(WORK ITEM): Among the entries that follow, locate the line with "VESA 100x100 ~" and the line with "Baño de uso". Output those lines and all lines in between, exactly, minus the pictures.

═══ DATA SECTION ═══

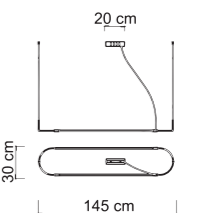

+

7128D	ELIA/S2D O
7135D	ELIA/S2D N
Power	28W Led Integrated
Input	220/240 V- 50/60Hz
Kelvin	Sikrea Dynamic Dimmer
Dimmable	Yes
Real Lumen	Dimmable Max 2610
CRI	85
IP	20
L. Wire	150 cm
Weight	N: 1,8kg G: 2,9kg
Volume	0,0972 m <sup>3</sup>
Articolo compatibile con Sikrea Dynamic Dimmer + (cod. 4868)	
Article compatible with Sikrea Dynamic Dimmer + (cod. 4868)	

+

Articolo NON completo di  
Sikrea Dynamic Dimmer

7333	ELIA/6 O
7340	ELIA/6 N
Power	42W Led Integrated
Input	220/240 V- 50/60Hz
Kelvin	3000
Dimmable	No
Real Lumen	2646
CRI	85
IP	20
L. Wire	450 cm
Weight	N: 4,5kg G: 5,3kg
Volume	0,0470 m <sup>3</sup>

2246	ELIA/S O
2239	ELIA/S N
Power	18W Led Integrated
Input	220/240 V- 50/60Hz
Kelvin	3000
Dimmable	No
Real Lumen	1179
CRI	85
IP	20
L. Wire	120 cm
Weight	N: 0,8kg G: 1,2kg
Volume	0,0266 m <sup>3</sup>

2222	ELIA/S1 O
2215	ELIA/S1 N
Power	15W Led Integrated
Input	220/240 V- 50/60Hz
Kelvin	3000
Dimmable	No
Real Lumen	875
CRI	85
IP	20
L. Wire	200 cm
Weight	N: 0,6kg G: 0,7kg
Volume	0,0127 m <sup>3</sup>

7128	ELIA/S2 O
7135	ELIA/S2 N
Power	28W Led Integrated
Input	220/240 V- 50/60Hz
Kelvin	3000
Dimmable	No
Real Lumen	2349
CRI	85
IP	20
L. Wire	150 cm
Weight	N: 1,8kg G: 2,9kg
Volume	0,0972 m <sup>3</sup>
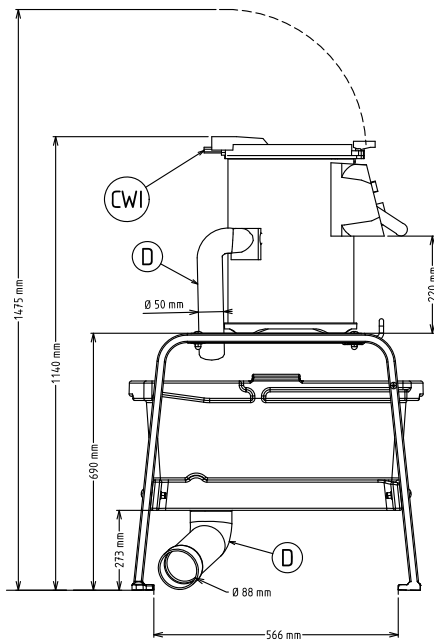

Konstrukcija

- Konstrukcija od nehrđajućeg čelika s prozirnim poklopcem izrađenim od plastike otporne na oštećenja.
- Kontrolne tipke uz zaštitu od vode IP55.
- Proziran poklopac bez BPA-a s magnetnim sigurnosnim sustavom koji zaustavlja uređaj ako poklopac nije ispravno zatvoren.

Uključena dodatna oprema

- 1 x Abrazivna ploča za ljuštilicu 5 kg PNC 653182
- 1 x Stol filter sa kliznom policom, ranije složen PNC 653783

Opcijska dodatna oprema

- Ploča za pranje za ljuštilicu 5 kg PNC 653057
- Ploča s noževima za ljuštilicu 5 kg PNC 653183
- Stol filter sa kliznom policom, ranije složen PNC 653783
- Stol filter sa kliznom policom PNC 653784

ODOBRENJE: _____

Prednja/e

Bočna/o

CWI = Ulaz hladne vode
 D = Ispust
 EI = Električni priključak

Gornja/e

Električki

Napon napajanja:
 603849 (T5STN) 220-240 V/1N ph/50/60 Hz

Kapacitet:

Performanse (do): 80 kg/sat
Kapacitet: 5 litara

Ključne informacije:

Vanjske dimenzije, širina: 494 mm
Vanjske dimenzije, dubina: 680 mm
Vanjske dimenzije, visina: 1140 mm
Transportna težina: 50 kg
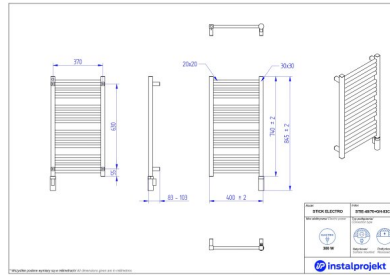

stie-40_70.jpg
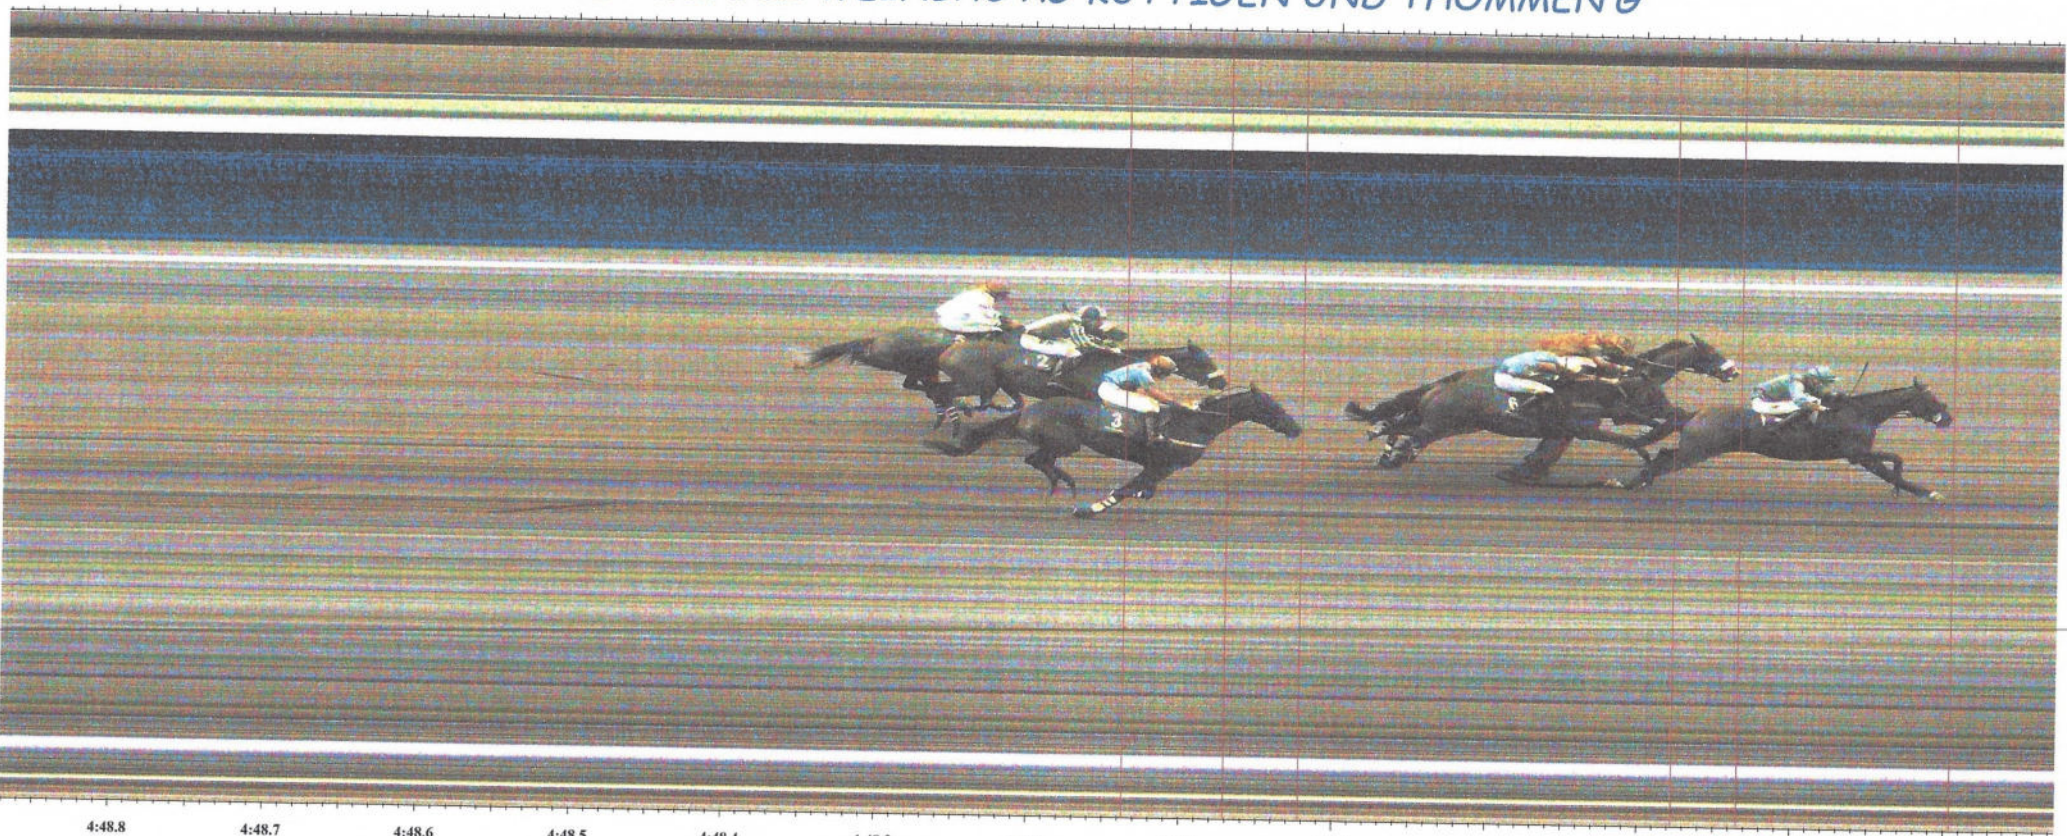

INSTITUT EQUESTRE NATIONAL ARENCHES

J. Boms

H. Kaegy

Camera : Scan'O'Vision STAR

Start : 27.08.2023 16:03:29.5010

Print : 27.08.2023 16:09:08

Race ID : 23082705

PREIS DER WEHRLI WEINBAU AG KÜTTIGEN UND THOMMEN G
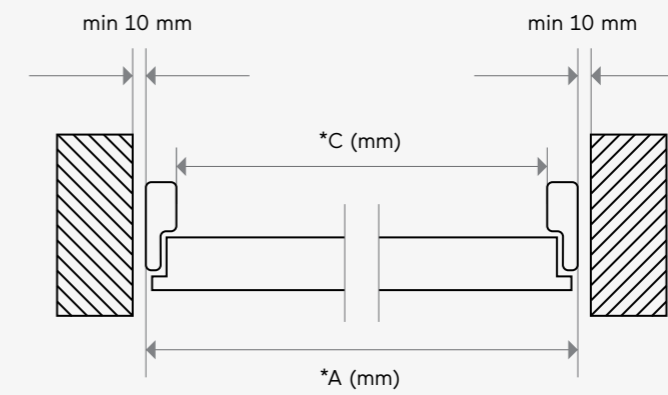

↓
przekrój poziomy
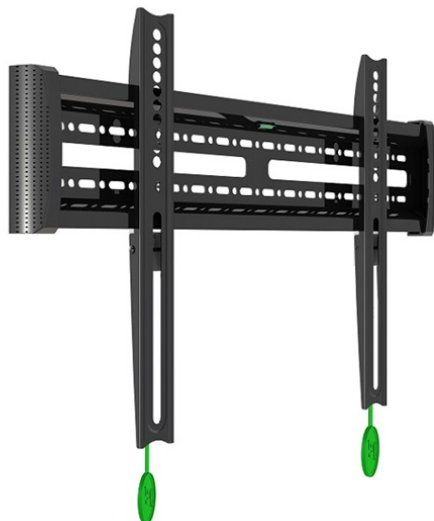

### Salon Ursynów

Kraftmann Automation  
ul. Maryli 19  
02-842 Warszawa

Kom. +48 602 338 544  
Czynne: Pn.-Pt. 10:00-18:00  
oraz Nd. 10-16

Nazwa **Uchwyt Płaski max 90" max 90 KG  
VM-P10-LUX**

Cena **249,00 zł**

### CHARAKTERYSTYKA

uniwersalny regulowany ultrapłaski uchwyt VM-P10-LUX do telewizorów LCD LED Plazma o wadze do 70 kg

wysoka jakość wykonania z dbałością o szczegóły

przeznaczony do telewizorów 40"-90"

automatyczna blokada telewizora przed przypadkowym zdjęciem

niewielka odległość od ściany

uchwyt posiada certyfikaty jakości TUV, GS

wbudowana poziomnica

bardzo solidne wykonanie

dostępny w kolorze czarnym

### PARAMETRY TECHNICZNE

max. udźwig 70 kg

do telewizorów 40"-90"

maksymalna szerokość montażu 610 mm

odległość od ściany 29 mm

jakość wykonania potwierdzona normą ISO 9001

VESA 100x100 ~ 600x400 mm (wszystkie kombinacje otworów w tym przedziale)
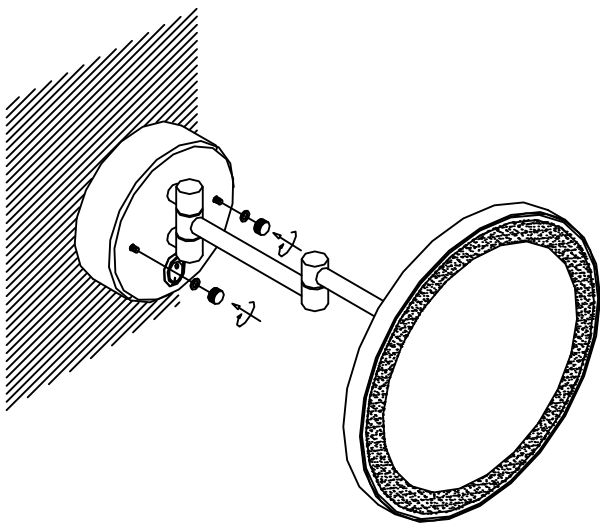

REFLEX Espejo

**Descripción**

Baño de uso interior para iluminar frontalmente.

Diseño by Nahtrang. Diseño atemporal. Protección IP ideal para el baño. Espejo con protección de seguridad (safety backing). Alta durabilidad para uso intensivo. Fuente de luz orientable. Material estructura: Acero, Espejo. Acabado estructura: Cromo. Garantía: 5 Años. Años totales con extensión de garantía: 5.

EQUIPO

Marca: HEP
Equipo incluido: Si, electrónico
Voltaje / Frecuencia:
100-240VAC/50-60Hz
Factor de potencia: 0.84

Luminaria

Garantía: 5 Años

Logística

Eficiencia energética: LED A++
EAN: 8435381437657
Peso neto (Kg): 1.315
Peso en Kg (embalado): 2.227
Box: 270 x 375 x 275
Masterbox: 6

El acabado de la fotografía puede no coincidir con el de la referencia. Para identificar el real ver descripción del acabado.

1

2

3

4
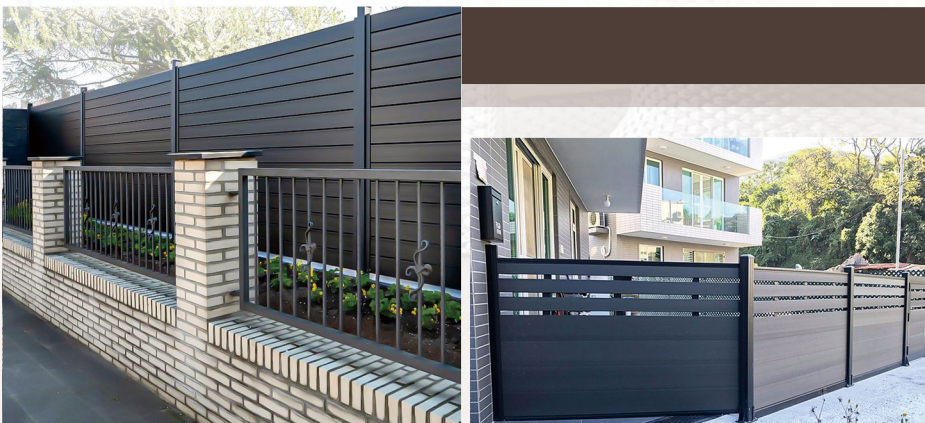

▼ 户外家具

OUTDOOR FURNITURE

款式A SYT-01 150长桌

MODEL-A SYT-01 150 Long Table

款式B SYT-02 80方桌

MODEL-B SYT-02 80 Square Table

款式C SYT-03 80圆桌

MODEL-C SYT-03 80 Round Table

═══

(ANSWER TO THIS PROBLEM):
VESA 100x100 ~ 600x400 mm (wszystkie kombinacje otworów w tym przedziale)

REFLEX Espejo

**Descripción**

Baño de uso interior para iluminar frontalmente.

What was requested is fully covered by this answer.